# Champions League.....



## younothat (Dec 11, 2017)

"The Round of 16 draw for the UEFA Champions League did not disappoint.

We have some monster clashes with Chelsea facing Barcelona, once again, and the reigning champs Real Madrid paired with the favorites Paris Saint-Germain.
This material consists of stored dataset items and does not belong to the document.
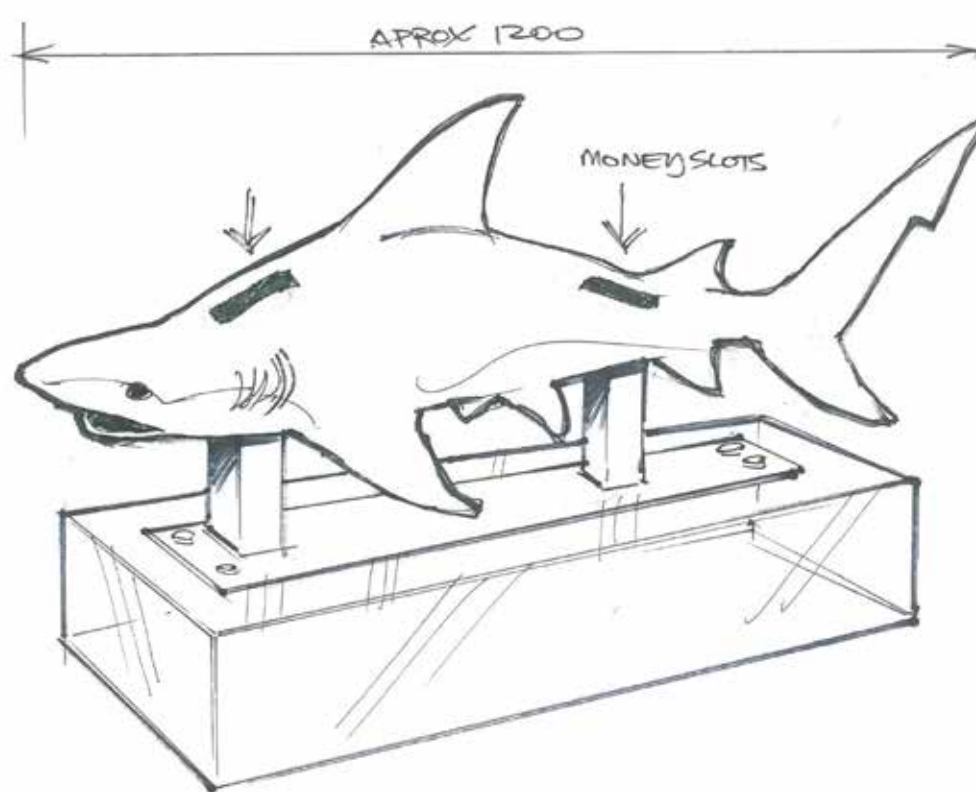

SEA CREATURES & NAUTICAL THEMING

MARINE FISH

SHARKS

Shark - Great White Shark
Money Box - Fundraiser
Sound activation can be inserted
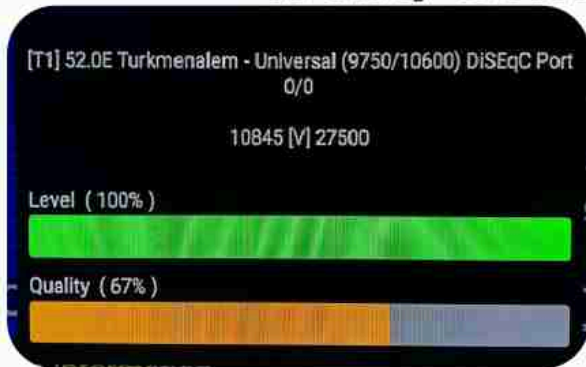

Iran/Shiraz : 05am

GMT : 01:30am

Dubai : 05:30am
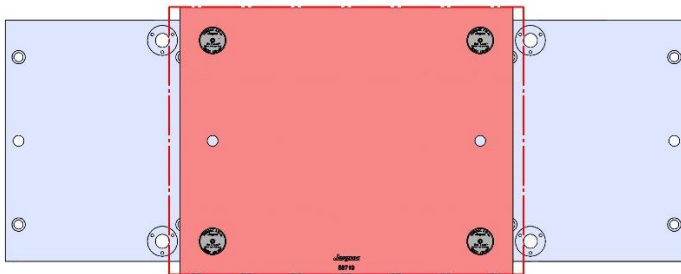

58719 Aluminum

Steel Available upon request
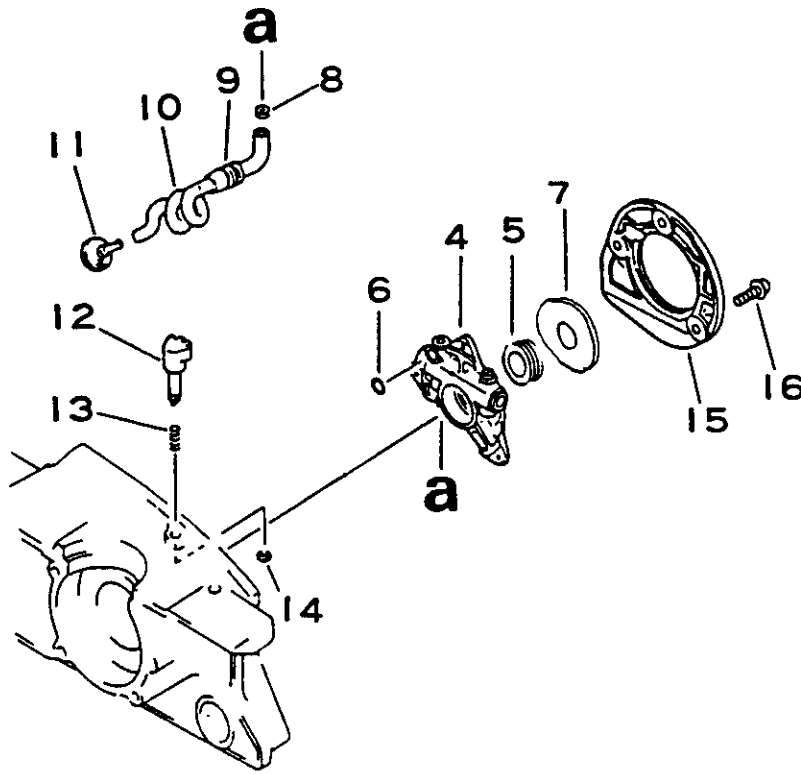

Key No.	Part Number	Q'ty	Description	Key No.	Part Number	Q'ty	Description
6- 4	437 002-3753 0	1	Auto-oiler assembly	6- 14	900 700-0000 3	1	E-ring 3
5	437 063-1993 0	1	Worm	15	437 605-3763 0	1	Cover, oil pump
6	900 720-0000 3	1	O-ring 3	16	900 238-0401 4	3	Screw 4 x 14
7	437 066-3263 0	1	Cover				
8	132 013-2663 0	1	Clip				
9	132 115-1233 0	1	Grommet				
10	437 210-1993 0	1	Pipe, oil				
11	436 205-1473 0	1	Strainer, oil				
12	437 039-3763 0	1	Knob				
13	437 015-1983 0	1	Spring

http://soccer.nbcsports.com/2017/12/11/champions-league-last-16-draw-sets-up-huge-clashes/








So which teams will be moving on? Predictions?


----------



## CaliKlines (Dec 11, 2017)

Premier League is going to have successful round of 16...I think the following clubs will advance:

Spurs over Juve
City over Basel
The Reds over Porto
United over Sevilla
Shaktar over Roma
Barca over the Blues
Bayern over Bestikas
and the most intriguing match up of this round...

The Parisians over Madrid

Can't wait for match play to begin!


----------



## jojosoccer (Feb 11, 2018)

Champions league this week!


----------



## jojosoccer (Feb 13, 2018)

Juve will dearly miss Dybala, but I think Juve defense will slow down Tottenham.
Juve over Tott
I’m torn on RM vs PSG, 
But it will probably be
Real over PSG
Both great games to watch in the round of 16 this week.


----------